Exercise prompt:
Scan the records below. List lines holding "Foot".

Provided material:
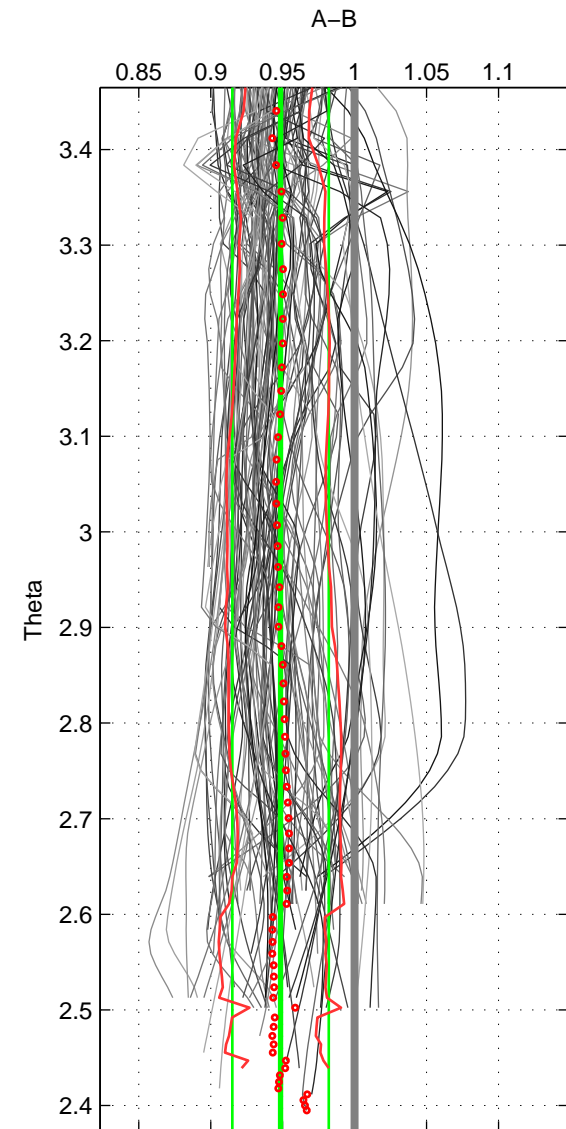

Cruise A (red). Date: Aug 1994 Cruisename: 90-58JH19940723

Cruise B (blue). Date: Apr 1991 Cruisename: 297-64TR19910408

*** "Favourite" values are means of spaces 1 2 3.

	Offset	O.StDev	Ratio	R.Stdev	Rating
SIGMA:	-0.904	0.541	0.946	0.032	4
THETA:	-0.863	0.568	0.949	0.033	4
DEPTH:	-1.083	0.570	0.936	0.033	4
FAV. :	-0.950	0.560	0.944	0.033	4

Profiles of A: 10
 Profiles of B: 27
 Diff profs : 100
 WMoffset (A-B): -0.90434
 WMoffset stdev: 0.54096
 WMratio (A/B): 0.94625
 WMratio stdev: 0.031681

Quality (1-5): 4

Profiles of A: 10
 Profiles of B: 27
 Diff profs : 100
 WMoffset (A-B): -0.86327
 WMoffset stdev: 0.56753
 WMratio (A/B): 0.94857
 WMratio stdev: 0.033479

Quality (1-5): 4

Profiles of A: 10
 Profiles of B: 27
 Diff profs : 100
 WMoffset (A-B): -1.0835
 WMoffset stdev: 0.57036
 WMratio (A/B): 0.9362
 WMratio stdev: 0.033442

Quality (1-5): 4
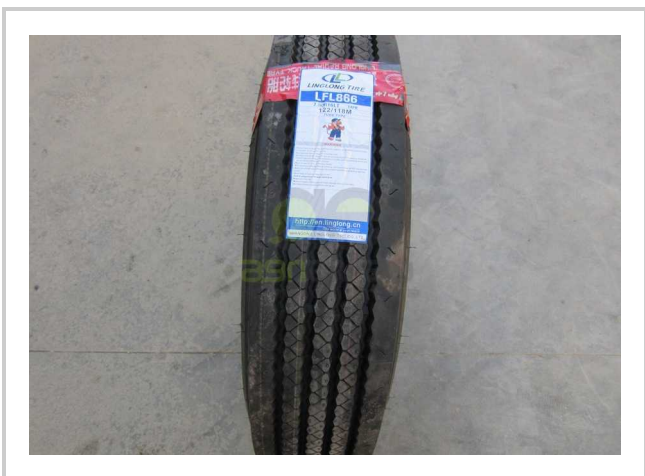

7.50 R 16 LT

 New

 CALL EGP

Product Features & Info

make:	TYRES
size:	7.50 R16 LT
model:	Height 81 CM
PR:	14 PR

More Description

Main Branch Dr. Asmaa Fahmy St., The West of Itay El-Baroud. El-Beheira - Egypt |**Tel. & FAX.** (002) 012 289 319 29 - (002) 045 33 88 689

---

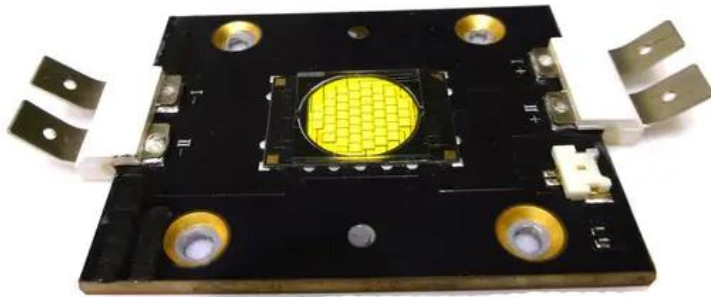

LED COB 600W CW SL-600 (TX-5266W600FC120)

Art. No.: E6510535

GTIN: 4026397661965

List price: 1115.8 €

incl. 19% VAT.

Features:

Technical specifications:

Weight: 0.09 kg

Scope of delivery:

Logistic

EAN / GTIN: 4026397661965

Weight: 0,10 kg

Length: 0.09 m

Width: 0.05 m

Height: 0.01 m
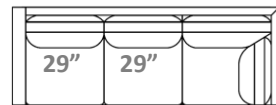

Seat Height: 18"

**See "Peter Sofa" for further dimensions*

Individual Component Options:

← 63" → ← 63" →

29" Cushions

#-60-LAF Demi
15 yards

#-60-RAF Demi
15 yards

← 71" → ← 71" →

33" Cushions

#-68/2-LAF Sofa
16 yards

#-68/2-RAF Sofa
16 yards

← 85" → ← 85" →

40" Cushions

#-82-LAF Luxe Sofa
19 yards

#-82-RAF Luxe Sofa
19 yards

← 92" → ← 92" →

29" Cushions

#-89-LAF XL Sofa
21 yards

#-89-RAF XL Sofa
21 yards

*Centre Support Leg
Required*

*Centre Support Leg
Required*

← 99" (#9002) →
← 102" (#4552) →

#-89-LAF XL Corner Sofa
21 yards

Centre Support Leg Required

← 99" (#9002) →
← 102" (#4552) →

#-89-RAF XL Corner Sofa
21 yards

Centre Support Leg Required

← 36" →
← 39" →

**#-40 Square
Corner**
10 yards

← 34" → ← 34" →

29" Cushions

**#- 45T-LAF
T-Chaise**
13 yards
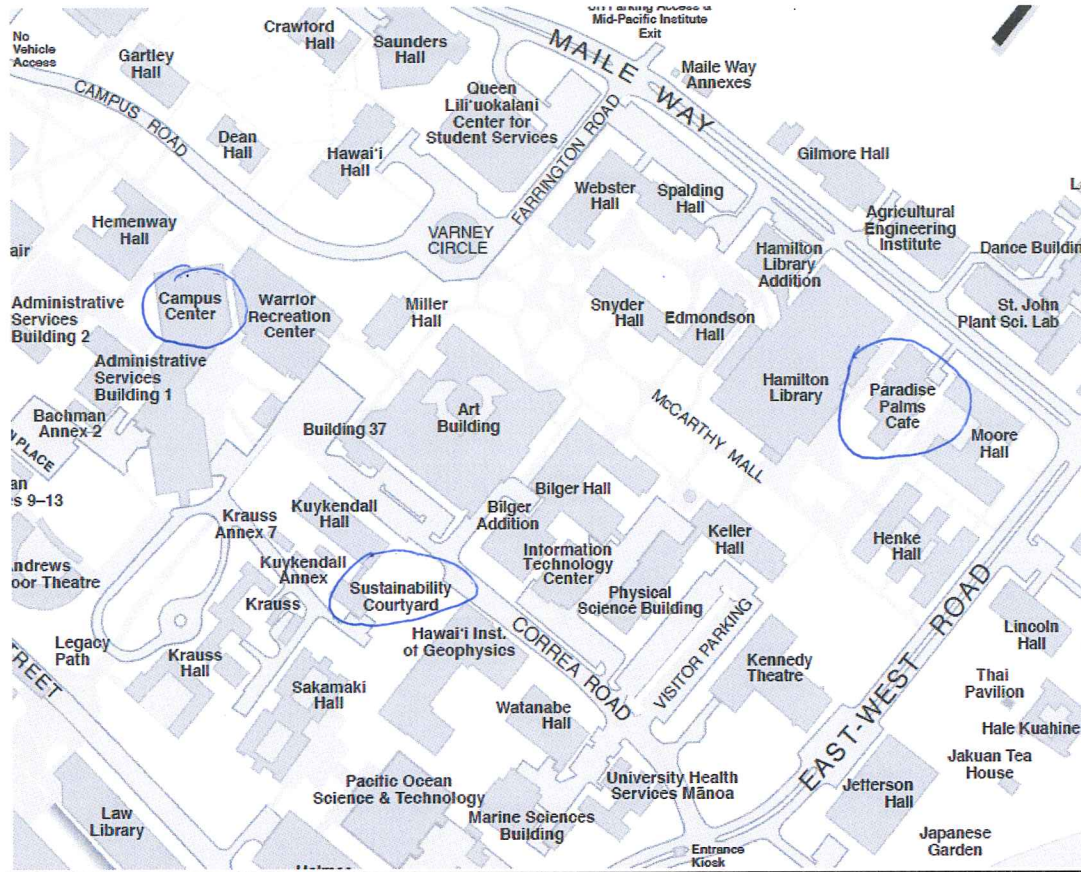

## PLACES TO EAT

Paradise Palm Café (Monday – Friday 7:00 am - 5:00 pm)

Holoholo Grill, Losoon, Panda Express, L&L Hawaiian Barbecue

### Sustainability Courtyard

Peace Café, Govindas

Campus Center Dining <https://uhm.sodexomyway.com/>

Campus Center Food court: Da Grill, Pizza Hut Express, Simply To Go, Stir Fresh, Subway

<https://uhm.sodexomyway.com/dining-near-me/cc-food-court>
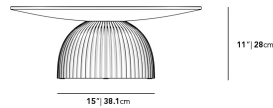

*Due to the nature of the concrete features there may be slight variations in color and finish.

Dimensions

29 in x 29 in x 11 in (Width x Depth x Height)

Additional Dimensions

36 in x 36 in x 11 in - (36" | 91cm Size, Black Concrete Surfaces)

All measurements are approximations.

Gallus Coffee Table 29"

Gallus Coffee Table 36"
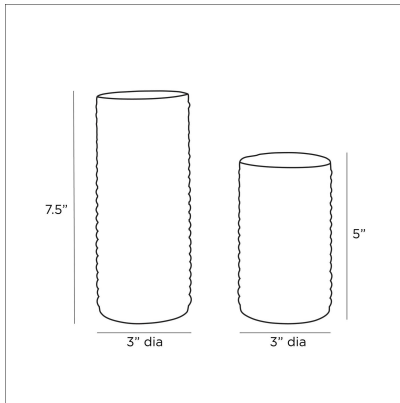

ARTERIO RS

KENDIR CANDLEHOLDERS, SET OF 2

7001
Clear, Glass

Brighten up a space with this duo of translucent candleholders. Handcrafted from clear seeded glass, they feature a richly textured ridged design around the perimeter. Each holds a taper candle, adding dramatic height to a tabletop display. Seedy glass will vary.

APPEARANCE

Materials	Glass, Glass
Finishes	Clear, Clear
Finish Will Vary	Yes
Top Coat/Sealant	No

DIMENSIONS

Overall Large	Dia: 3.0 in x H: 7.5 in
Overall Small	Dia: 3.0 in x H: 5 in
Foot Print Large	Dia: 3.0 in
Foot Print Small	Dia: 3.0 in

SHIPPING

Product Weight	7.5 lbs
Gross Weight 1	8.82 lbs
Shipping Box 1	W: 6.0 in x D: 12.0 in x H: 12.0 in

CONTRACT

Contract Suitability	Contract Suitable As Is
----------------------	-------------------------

Written answer:
Foot Print Large	Dia: 3.0 in
Foot Print Small	Dia: 3.0 in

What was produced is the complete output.